Time test for tax exemption upon spouses’ community property settlements
The Coordination Committee of the General Financial Directorate (GFD) and the Chamber of Tax Advisers confirmed that the time test for the tax exemption of income from the sale of shares (ownership interests in a business corporation) shall not be interrupted by community property settlements by divorcing couples. The conclusions are crucially important for family businesses and other joint investments by spouses.
Under private law, the community property of spouses also includes a spouse's share in a business corporation if the partner- or membership arouse during the marriage. At the same time, the acquisition of such share does not establish the other spouse’s participation in that corporation. Shareholding thus has two dimensions: the first one is the personal, ‘non-property’ value, i.e. the rights and obligations arising from being a partner/member in the business corporation; the second one is the property value, which is common to the spouses and is part of their community property. This property value is subsequently also subject to a community property settlement, for instance, in the event of divorce.

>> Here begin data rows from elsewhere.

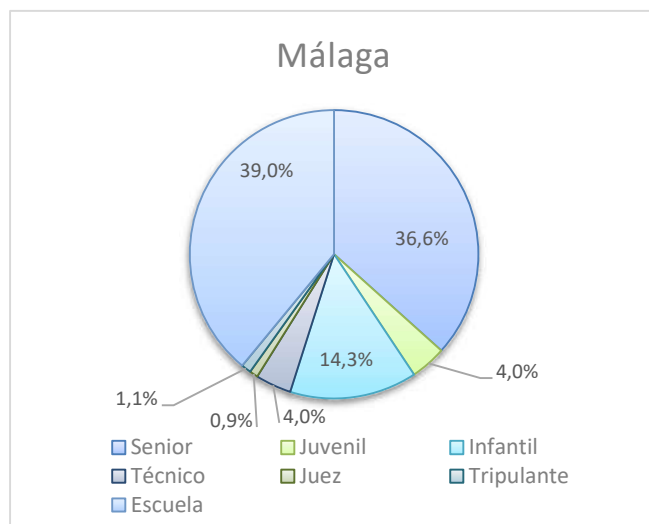

PROVINCIA	CLUB	SENIOR	JUVENIL	INFANTIL	TÉCNICO	JUEZ	T. CRUC	ESCUELA	TOTAL
HUELVA	A.D.N. SAN MIGUEL	8	0	0	0	0	7	0	15
HUELVA	ASOC.DEP. NUEVO PORTIL	18	1	0	1	0	0	118	138
HUELVA	C.D. ADEMAR ANDALUCIA	4	0	0	0	0	0	0	4
HUELVA	C.D. ISLACANELAKITE	4	2	7	0	0	0	3	16
HUELVA	C.D. NAUTICO DE PUNTA UMBRIA	30	8	10	7	2	11	39	107
HUELVA	C.D. WINDSURF WELBA	3	2	0	0	0	0	0	5
HUELVA	C.D.N. PUERTA DEL ATLANTICO	4	0	0	1	1	0	0	6
HUELVA	CLUB NAUTICO ISLA CANELA	27	0	4	0	1	0	40	72
HUELVA	CLUB NAUTICO RIO PIEDRAS	47	1	2	1	0	27	11	89
HUELVA	CLUB NAUTICO TORRE ALMENARA	1	0	0	0	0	0	0	1
HUELVA	CLUB NAUTICO Y DEPORTIVO VERA DE MAR	5	0	0	0	0	0	0	5
HUELVA	REAL CLUB MARITIMO DE HUELVA	25	0	2	1	0	1	15	44
HUELVA	REAL CLUB MTMO. Y T. PUNTA UMBRIA	61	3	9	4	1	10	66	154
TOTAL HUELVA		237	17	34	15	5	56	292	656
MÁLAGA	C.D. FLY=KITE (TERMIKO)	2	0	0	1	0	0	0	3
MÁLAGA	C.D. KITESURFING ESTEPONA	1	2	0	2	0	0	0	5
MÁLAGA	C.D. PADDLE SURF FUENGIROLA	7	0	0	0	0	0	0	7
MÁLAGA	CLUB DE MAR FUENGIROLA	5	0	3	3	0	0	0	11
MÁLAGA	CLUB DEPORTIVO MALAKITE	7	1	0	2	0	0	0	10
MÁLAGA	CLUB NAUTICO DE FUENGIROLA	61	0	1	3	4	0	0	69
MÁLAGA	CLUB NAUTICO ESTRELLA DEL VIENTO	3	0	0	0	0	0	0	3
MÁLAGA	CLUB NAUTICO MTMO. BENALMADENA	162	22	33	10	1	10	0	238
MÁLAGA	CLUB NAUTICO TORRE DEL MAR	8	0	1	2	0	0	0	11
MÁLAGA	ESCUELA DE VELA DE MALAGA	2	0	0	2	1	0	0	5
MÁLAGA	REAL CLUB EL CANDADO	80	15	29	13	2	1	73	213
MÁLAGA	REAL CLUB MARITIMO DE MARBELLA	31	1	9	2	1	0	58	102
MÁLAGA	REAL CLUB MEDITERRANEO	86	8	11	10	3	0	244	362
MÁLAGA	REAL CLUB NAUTICO DE ESTEPONA	10	2	94	1	0	3	120	230
TOTAL MÁLAGA		465	51	181	51	12	14	495	1269

COMPARATIVA	SENIOR	JUVENIL	INFANTIL	TÉCNICO	JUEZ	T. CRUC	ESCUELA	TOTAL
TOTAL 2023	1766	208	426	277	56	51	5289	8073
TOTAL 2024	1680	186	414	265	75	116	4075	6811
DIFERENCIA	-86	-22	-12	-12	19	65	-1214	-1262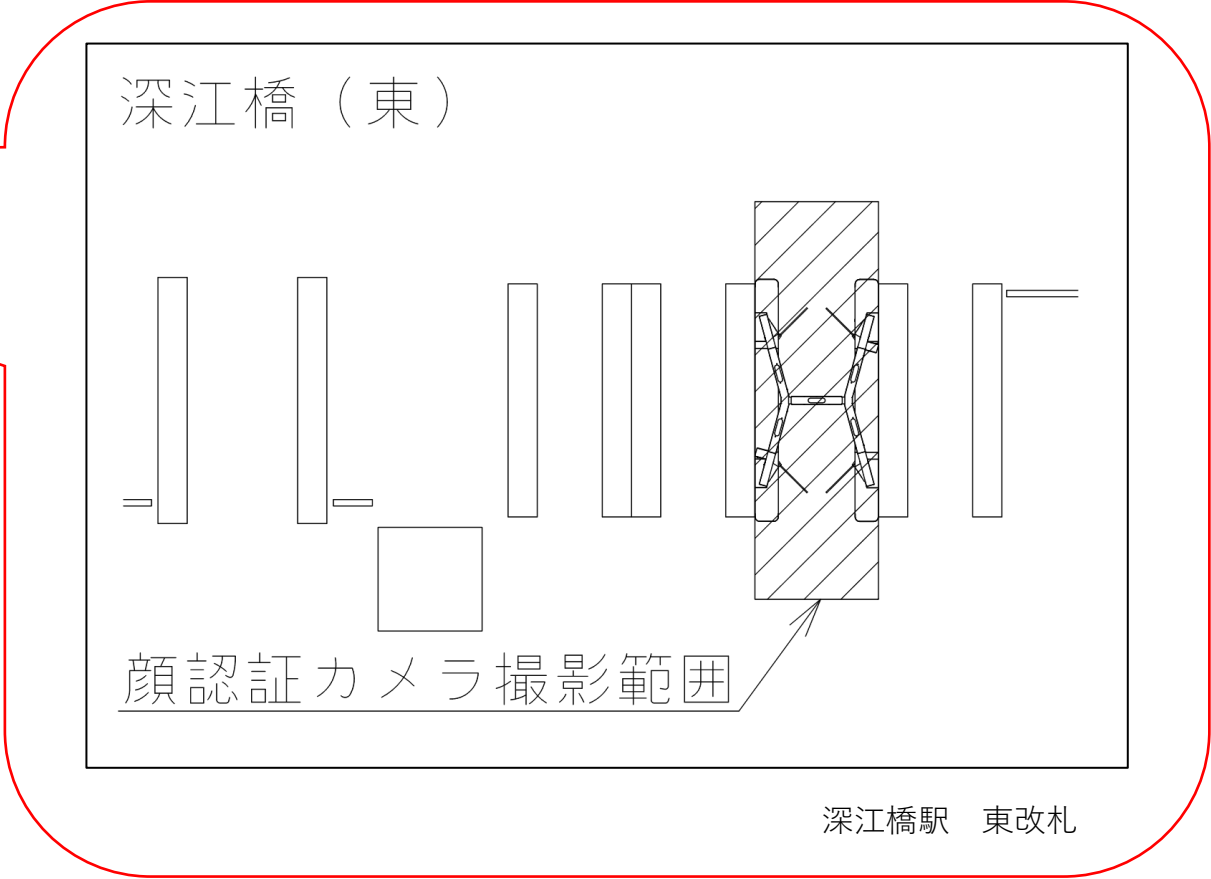

★：実験用改札機設置場所

※カメラ撮影範囲内では顔が写り込みますので
ご注意ください。

緑橋（西）

顔認証カメラ撮影範囲

緑橋駅 西改札

深江橋駅 東改札口

★：実験用改札機設置場所

※カメラ撮影範囲内では顔が写り込みますので
ご注意ください。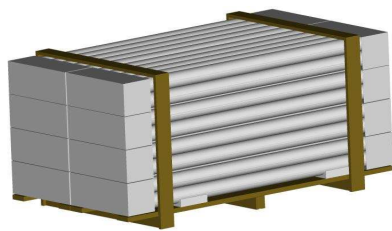

Balenie jeden kartón.

1 kart.	pre ZR 80	10 ks rúr
1 kart.	pre ZR 100	10 ks rúr
1 kart.	pre ZR 120	8 ks rúr
1 kart.	pre ZR 150	6 ks rúr

Jednorazová drevená paleta.

Rohy palety sú voči rozpadnutiu poistené plechovými rohovými zaisteniami. Paleta je po obvode zaistená oceľovou páskou.

ZR 1m sú balené na europaleta. Pri objed. 10 kartónov je paleta jednorazová

Pre materiálové prevedenia:

- CU** - meď
- PZN** - pozink
- TZ** - titázinok
- PZNFARBA** - farbený pozink
- ALFARBA** - farbený hliník
- N** - nerezový plech

vonkajšie rozmery palety v mm

d-dĺžka	š-šírka	v-výška
2005	1070	1210
3005	1070	1210

obchodné balenie

10 ks kartónov-balíkov na paleta

8 ks kartónov-balíkov na paleta

6 ks kartónov-balíkov na paleta

ZR 60	BALENIE: množstvo m ZR v balení	
typ a dĺžka	60 / 2 m	12 m v balení
zvod. rúry	60 / 3 m	18 m v balení

ZR 80	BALENIE			
typ a dĺžka	množstvo ZR v metroch v danom balení			
zvod. rúry	1 kartón	10 kartónov na europaleta		
80 / 1 m	10 m	100 m	-	-
typ a dĺžka	množstvo ZR v metroch v danom balení			
zvodovej rúry	jeden kartón	10 kartónov na paleta	8 kartónov na paleta	6 kartónov na paleta
80 / 2 m	20 m	200 m	160 m	120 m
80 / 3 m	30 m	300 m	240 m	180 m
80 / 4 m	40 m	400 m	320 m	240 m
80 / 5 m	50 m	500 m	400 m	300 m
80 / 6 m	60 m	600 m	480 m	360 m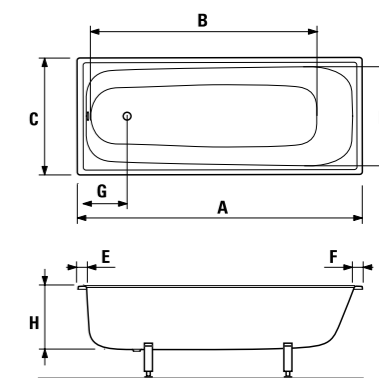

Эти зоны рекомендованы для размещения стока ванны или смесителя.

Области, обозначенные этим цветом, не рекомендованы для размещения стока ванны или смесителя.

E, F = ширина борта ванны.

ванна Riga mini

Артикул	Описание	Вместимость
2.3400.0.000.000.1	RIGA mini 1050 мм	120 л

Заказать отдельно:

2.9400.0.000.000.1	металлические ножки для ванны RIGA mini
2.9481.5.004.000.1	автоматический перелив, включая сифон 40/50 мм, длина 550 мм
2.9481.6.004.000.1	автоматический перелив, включая сифон 40/50 мм, длина 550 мм, исполнение медь
2.9481.7.004.000.1	автоматический перелив с подводом, включая сифон 40/50 мм, длина 550 мм, исполнение пластик
2.9481.8.004.000.1	автоматический перелив с подводом, включая сифон 40/50 мм, длина 550 мм, исполнение медь

	A	B	C	D	E	F	G	H
2.3400.0	1050	525	700	570	70	65	285	375

A paper recently issued by the Coordination Committee of the General Financial Directorate (GFD) and the Chamber of Tax Advisers aims to clarify the ambiguity regarding the application of the time test for the exemption of income from the sale of shares in the context of community property settlements. Under the time test, income from the sale of a share shall be exempted from personal income tax as long as the individual held the share for at least five years prior to the sale. While for income from the sale of real property the Income Tax Act clearly stipulates that the time test shall not be interrupted by community property settlements, there is no such explicit regulation for shares and securities.
A practical example might look like this: during the marriage, a husband became a member of a business corporation, therefore his share became part of community property. However, for the entire duration of the marriage, only the husband was registered as a member in the Commercial Register. Subsequently, after 10 years, the marriage was divorced and, under the concluded agreement on the settlement of community property, the share was transferred to the sole ownership of the wife. Two years after the settlement, the wife decided to sell the share in question. Should only the two years of the wife’s exclusive ownership of the share be taken into account for the purposes of the time test, meaning that the income would not be tax exempt? Or should also the previous 10 years during which the share was part of the community property but the wife was not in the position of a member (i.e. could not exercise the rights and duties of a member and was not registered in the Commercial Register) be taken into account, meaning that the income would be tax exempt?
The paper proposes a unifying conclusion: community property settlements do not interrupt the running of time tests as they do not constitute new acquisitions. This approach is also proposed for other cases where the Income Tax Act does not explicitly regulate the running of the time test in the context of community property settlements. E.g. for motor vehicles, the time test for tax exemption is one year, and here too, only one of the spouses is registered as the owner in the relevant register (technical licence), although the vehicle was acquired during the marriage and constitutes a part of community property. Following discussion in the Coordination Committee, the General Financial Directorate confirmed the proposed conclusions. Community property settlements thus should not cause unexpected tax complications through the interruption of time tests.